Recovery of inspiratory intercostal muscle activity following high cervical hemisection

Abstract

Anatomical and neurophysiological evidence indicates that thoracic interneurons can serve a commissural function and activate contralateral motoneurons. Accordingly, we hypothesized that respiratory-related intercostal (IC) muscle electromyogram (EMG) activity would be only modestly impaired by a unilateral cervical spinal cord injury. Inspiratory tidal volume (VT) was recorded using pneumotachography and EMG activity was recorded bilaterally from the 1st to 2nd intercostal space in anesthetized, spontaneously breathing rats. Studies were conducted at 1-3 days, 2 wks or 8 wks following C2 spinal cord hemisection (C2HS). Data were collected during baseline breathing and a brief respiratory challenge (7% CO(2)). A substantial reduction in inspiratory intercostal EMG bursting ipsilateral to the lesion was observed at 1-3 days post-C2HS. However, a time-dependent return of activity occurred such that by 2 wks post-injury inspiratory intercostal EMG bursts ipsilateral to the lesion were similar to age-matched, uninjured controls.
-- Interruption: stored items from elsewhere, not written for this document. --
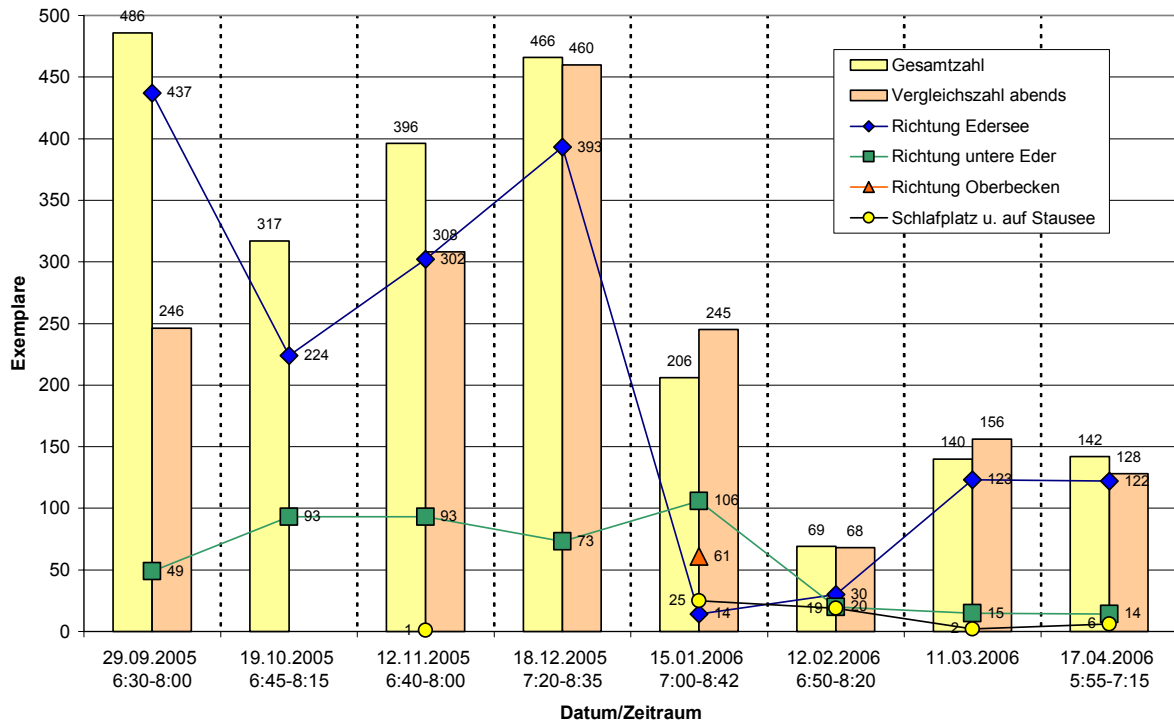

Abbildung 1: NSG Stausee von Affoldern: monatliche Kormoranzählungen September bis April

Abbildung 2: NSG Stausee von Affoldern: Kontrollen beim morgendlichen Abflug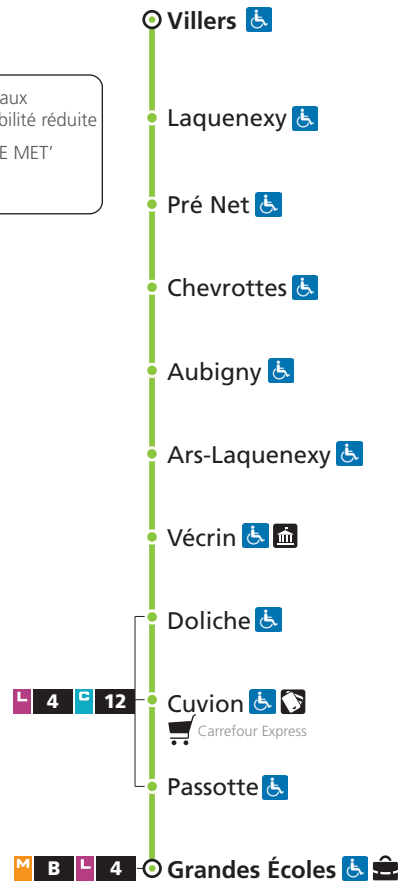

- Services disponibles uniquement sur réservation

HORAIRES HIVER
DU 29 AOÛT 2022 AU 2 JUILLET 2023

DIRECTIONS

Laquenexy

Ars-Laquenexy

Metz
Grandes Écoles

fréquence en heures de pointe

amplitude horaire du lundi au samedi

Téléchargez l'appli LE MET'

P 112 Laquenexy

-  Arrêt accessible aux personnes à mobilité réduite
-  Point de vente LE MET'
-  Hôtel de Ville

P 112 Grandes Écoles

112 → Grandes Écoles

DU LUNDI AU VENDREDI

Villers	Laquenexy	Aubigny	Ars-Laquenexy	Cuvion	Grandes Écoles
5h16	5h17	5h23	5h24	5h28	5h31
6h01	6h02	6h08	6h09	6h13	6h16
6h23	6h24	6h30	6h31	6h36	6h39
6h42	6h43	6h50	6h51	6h56	6h59
7h02	7h03	7h10	7h11	7h16	7h19
7h19 ^a	7h20 ^a	7h27 ^a	7h28 ^a	-	-
7h21	7h22	7h29	7h30	7h35	7h38
7h42	7h43	7h50	7h51	7h56	7h59
8h02	8h03	8h10	8h11	8h16	8h19
8h23	8h24	8h31	8h32	8h36	8h39
9h04	9h05	9h11	9h12	9h16	9h19
9h45	9h46	9h52	9h53	9h57	10h00
10h25	10h26	10h32	10h33	10h37	10h40
11h06	11h07	11h13	11h14	11h18	11h21
11h46	11h47	11h53	11h54	11h58	12h01
12h26	12h27	12h33	12h34	12h38	12h41
13h06	13h07	13h13	13h14	13h18	13h21
13h46	13h47	13h53	13h54	13h58	14h01
14h26	14h27	14h33	14h34	14h38	14h41
15h06	15h07	15h13	15h14	15h18	15h21
15h45	15h46	15h52	15h53	15h57	16h00
16h25	16h26	16h32	16h33	16h37	16h40
16h42	16h43	16h49	16h50	16h54	16h57
17h03	17h04	17h10	17h11	17h15	17h18
17h23	17h24	17h30	17h31	17h35	17h38
17h43	17h44	17h50	17h51	17h55	17h58
18h03	18h04	18h10	18h11	18h15	18h18
18h23	18h24	18h30	18h31	18h35	18h38
18h57	18h58	19h04	19h05	19h09	19h12
19h35	19h36	19h42	19h43	19h47	19h50
20h22	20h23	20h29	20h30	20h34	20h37

- Services disponibles uniquement sur réservation
- Services assurés systématiquement
- ^a Circule uniquement du lundi au vendredi en période scolaire. Dessert le collège P. Valéry et Institution de la Salle - ligne S207

The increases in ipsilateral intercostal EMG activity occurred in parallel with increases in VT following the injury (R=0.55; P<0.001). We conclude that plasticity occurring within a "crossed-intercostal" circuitry enables a robust, spontaneous recovery of ipsilateral intercostal activity following C2HS in rats.

Fig. 1

The effects of C2HS on ventilation. Acutely following C2HS (i.e. 1–3 days) rats exhibited reduced frequency (fR), tidal volume (VT) and minute ventilation (VE) during baseline and hypercapnic challenge. Two weeks post-C2HS, a transient elevation in fR was noted during both conditions (A) triggering enhanced VE during baseline (D and E), while VT returned to control levels (B and C). Normalization of fR (A) and sustained VT recovery (B and C) persisted at 8 wks post-C2HS. VT and VE are expressed as mean values (B and D) and mean values relative to body mass (C and E). ***P < 0.001, **P < 0.01, *P < 0.05 from baseline values; ^###P < 0.001 from all other groups; ^†††P < 0.001, ^††P < 0.01, ^†P < 0.05 from 1–3 days C2HS group.

Fig. 2

Examples of rostral inspiratory intercostal EMG during poikilocapnic baseline and hypercapnic respiratory challenge. The images show the raw (EMG) and integrated EMG (∫ EMG) signals from a control (uninjured) rat, and rats studied 3 days, 2 wks and 8 wks following C2HS injury. C2HS resulted in decreased ipsilateral EMG activity 3 days post-C2HS during baseline (A) and hypercapnic challenge (B). However, robust return of ipsilateral (IL) EMG was observed by 2 wks and persisted 8 wks post-C2HS. In these examples, there appears to be a modest attenuation of contralateral (CL) intercostal EMG activity in 2 wks and 8 wks rats following an initial robust increase following C2HS.

Fig. 3

The effect of C2HS on rostral intercostal EMG amplitude during baseline breathing and hypercapnic respiratory challenge. Ipsilateral EMG amplitudes during baseline and hypercapnic challenge were expressed relative to the contralateral EMG burst (% CL, A and B). These data indicate that following C2HS the ipsilateral inspiratory EMG burst amplitude was transiently reduced. However, ipsilateral EMG amplitudes recovered by 2 wks post-C2HS. A similar conclusion is reached when examining the EMG amplitude data expressed as arbitrary units (a.u.) (C and D). The C2HS injury caused little change in contralateral intercostal EMG amplitudes compared with uninjured controls (D). ***P < 0.001, **P < 0.01, *P < 0.05 compared to corresponding baseline value for that group; ^#P < 0.05 compared to other groups; ^†P < 0.05 compared to the 1–3 days post-C2HS group.

Fig. 4

Relationship between VT recovery and intercostal EMG bursting following C2HS. A linear regression analysis suggested a strong positive correlation between ipsilateral (IL) EMG activity and recovery of VT (P < 0.001, A). Conversely, no clear relationship exists between contralateral (CL) EMG activity and VT following C2HS (B).